Air Emissions. Our current and future
operations are subject to the federal Clean Air Act and
comparable state laws and regulations. These laws and
regulations regulate emissions of air pollutants from various
industrial sources, including our facilities, and impose various
monitoring and reporting requirements. Pursuant to these laws
and regulations, we may be required to obtain environmental
agency pre-approval for the construction or modification of
certain projects or facilities expected to produce air emissions
or result in an increase in existing air emissions, obtain and
comply with the terms of air permits, which include various
emission and operational limitations, or use specific emission
control technologies to limit emissions. We likely will be
required to incur certain capital expenditures in the future for
air pollution control equipment in connection with maintaining
or obtaining governmental approvals addressing air-emission
related issues. Failure to comply with applicable air statutes
or regulations may lead to the assessment of administrative,
civil or criminal penalties, and may result in the limitation or
cessation of construction or operation of certain air emission
sources. Although we can give no assurances, we believe such
requirements will not have a material adverse effect on our
financial condition or operating results, and the requirements
are not expected to be more burdensome to us than any similarly
situated company.
Air emissions associated with operations in the Barnett Shale
area have come under recent scrutiny. In 2009, the Texas
Commission on Environmental Quality (TCEQ) conducted
comprehensive monitoring of air emissions in the Barnett Shale
area, in response to public concerns about high concentrations
of benzene in the air near drilling sites and natural gas
processing facilities. A comprehensive report detailing the
monitoring results and their potential health impacts is
expected to be finalized in early 2010. Environmental groups
have advocated increased regulation in the Barnett Shale area
and these groups as well as at least one state representative
have further advocated a moratorium on permits for new gas wells
until TCEQ completes its analysis. Also, the EPA recently
entered into a settlement that requires it to reevaluate
regulations for the control of air emissions from natural gas
production facilities. Changes in laws or regulations imposing
emission limitations, pollution control technology requirements
or other regulatory requirements or any restriction on
permitting of natural gas production facilities in the Barnett
Shale area could have an adverse effect on our business.

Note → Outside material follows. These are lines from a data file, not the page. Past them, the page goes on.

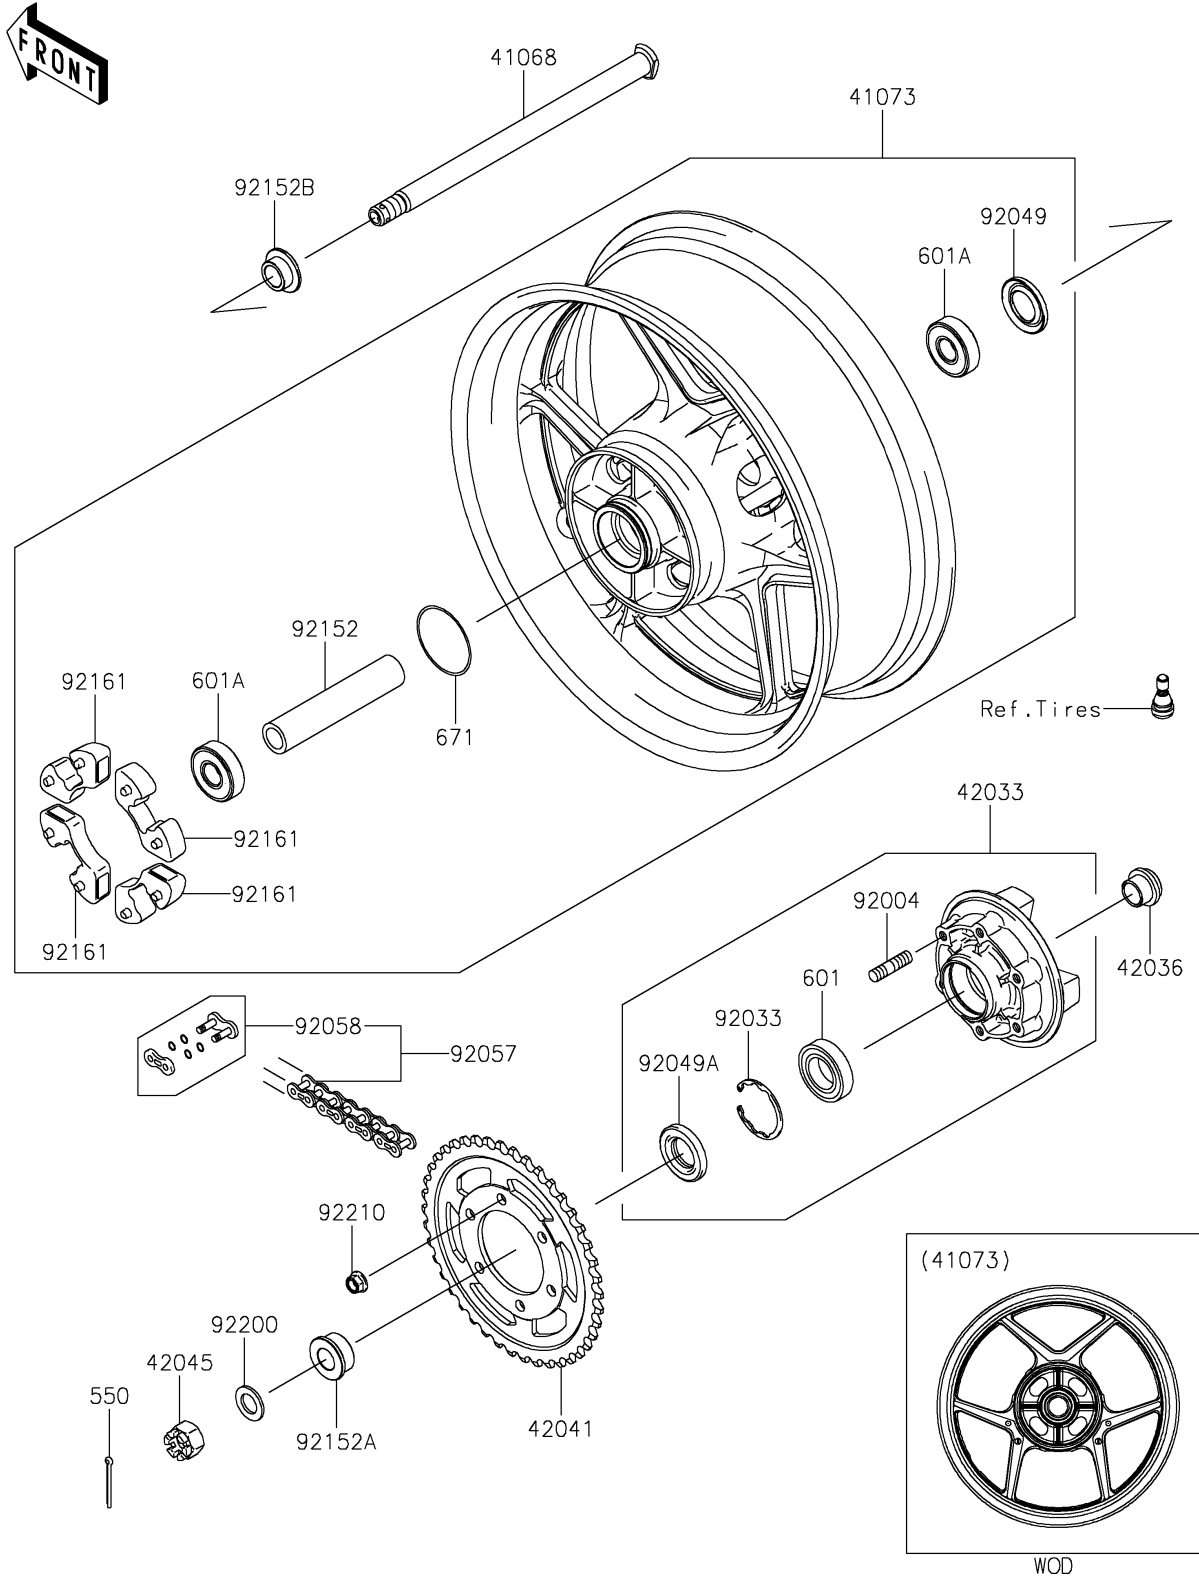

2025 Versys 1100 SE LT ABS PARTS DIAGRAM

Rear Hub

F2240

2025 Versys 1100 SE LT ABS PARTS LIST

Rear Hub

ITEM NAME	PART NUMBER	QUANTITY
AXLE,RR (Ref # 41068)	41068-0677	1
WHEEL-ASSY,RR,G.BLACK (Ref # 41073)	41073-0733-18F	1
COUPLING-ASSY,RR HUB (Ref # 42033)	42033-0028	1
SLEEVE,RR HUB,L=23 (Ref # 42036)	42036-1251	1
SPROCKET-HUB,42T (Ref # 42041)	42041-0196	1
NUT,CASTLE,18MM (Ref # 42045)	42045-018	1
STUD,10X19 (Ref # 92004)	92004-0028	6
RING-SNAP,52MM (Ref # 92033)	92033-1043	1
SEAL-OIL,27X52X5 (Ref # 92049)	92049-0723	1
SEAL-OIL (Ref # 92049A)	92049-1287	1
CHAIN,DRIVE,RK525KZX,116L (Ref # 92057)	92057-0939	1
JOINT-CHAIN (Ref # 92058)	92058-0094	1
COLLAR,RR HUB,L=144.5 (Ref # 92152)	92152-0088	1
COLLAR,RR AXLE,LH,L=18 (Ref # 92152A)	92152-0118	1
COLLAR,RR AXLE,RH,20X28X14.5 (Ref # 92152B)	92152-0876	1
DAMPER,SHOCK,RR HUB (Ref # 92161)	92161-0342	4
WASHER,19X32X2.6 (Ref # 92200)	92200-1489	1
NUT,LOCK,FLANGED,10MM (Ref # 92210)	92210-0276	6
PIN-COTTER,4.0X40 (Ref # 550)	550AA4040	1
BEARING-BALL (Ref # 601)	601B6205UU	1
BEARING-BALL,#6304UUC3 (Ref # 601A)	601B6304UU	2
O RING,60MM (Ref # 671)	671B2560	1
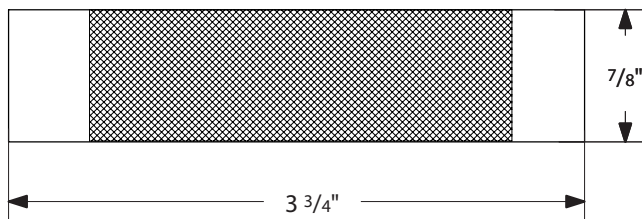

KNURLED (KN)
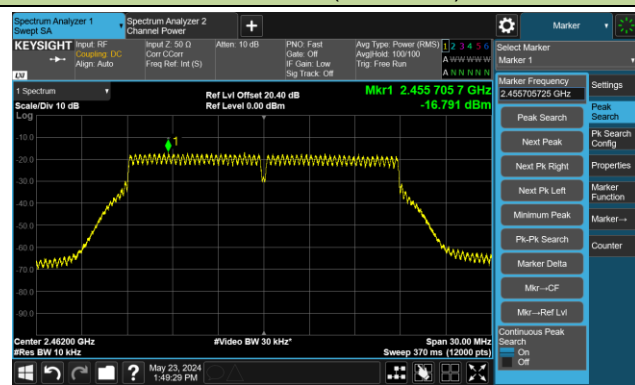

802.11n-HT20 - AVGPSD - Ant 2

Channel 01 (2412MHz)

Channel 06 (2437MHz)

Channel 11 (2462MHz)

802.11n-HT40 - AVGPSD - Ant 2

Channel 03 (2422MHz)

Channel 06 (2437MHz)

Channel 09 (2452MHz)
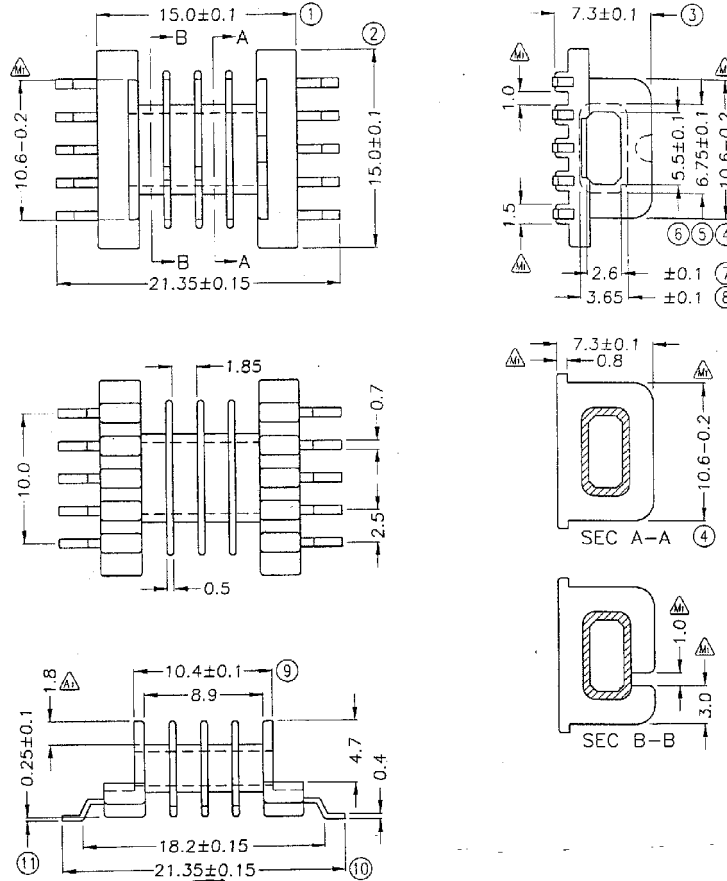

BOBBIN NAME: EFD-15

Series 4 Part No: BCEFD15-4-10-GW

OLD REF: S043

SPECIFICATION: 4 SECTION 10 PINS GULLWING SMD

BOBBIN MATERIAL: L.C.P. E-4008

PIN MATERIAL: PHOSPHOR BRONZE

PIN DIMENSION 0.7 X 0.4

PULLING STRENGTH: OVER 1.0KG 2 lbs

UL RATING: 94V-0

UNIT: MM

TOLERANCE: +/- 0.1 MM

Climate Change. In response to concerns
suggesting that emissions of certain gases, commonly referred to
as greenhouse gases (including carbon dioxide and
methane), may be contributing to warming of the Earths
atmosphere, the U.S. Congress is actively considering
legislation to reduce such emissions. In addition, at least
one-third of the states, either individually or through
multi-state regional initiatives, have already taken legal
measures intended to reduce greenhouse gas emissions, primarily
through the planned development of greenhouse gas emission
inventories
and/or
greenhouse gas cap and trade programs. In addition, EPA is
taking steps that would result in the regulation of greenhouse
gases as pollutants under the federal Clean Air Act.
Furthermore, in September 2009, EPA finalized regulations that
require monitoring and reporting of greenhouse gas emissions on
an annual basis, including extensive greenhouse gas monitoring
and reporting requirements, beginning in 2010. Although the
greenhouse gas reporting rule does not control greenhouse gas
emission levels from any facilities, it will still cause us to
incur monitoring and reporting costs for emissions that are
subject to the rule. Some of our facilities include source
categories that are subject to the greenhouse gas reporting
requirements included in the final rule. However, EPA postponed
a decision on proposed Subpart W to 40 CFR
part 98, which would have applied to fugitive and vented
methane emissions from the oil and gas sector, including natural
gas transmission compression. The prospect remains that EPA will
adopt regulations that require reporting of fugitive and vented
methane emissions from the oil and gas industry, which will
increase our monitoring and reporting costs. In December 2009,
EPA also issued findings that greenhouse gases in the atmosphere
endanger public health and welfare, and that emissions from
mobile sources cause or contribute to greenhouse gases in the
atmosphere. The endangerment findings will not
immediately affect our operations, but standards eventually
promulgated pursuant to these findings could affect our
operations and ability to obtain air permits for new or modified
facilities. Legislation and regulations relating to control or
reporting of greenhouse gas emissions are also in various stages
of discussions or implementation in about one-third of the
states. Lawsuits have been filed seeking to force the federal
government to regulate greenhouse gases emissions under the
Clean Air Act and to require individual companies to reduce
greenhouse gas emissions from their operations. These and other
lawsuits may result in decisions by state and federal courts and
agencies that could impact our operations and ability to obtain
certifications and permits to construct future projects.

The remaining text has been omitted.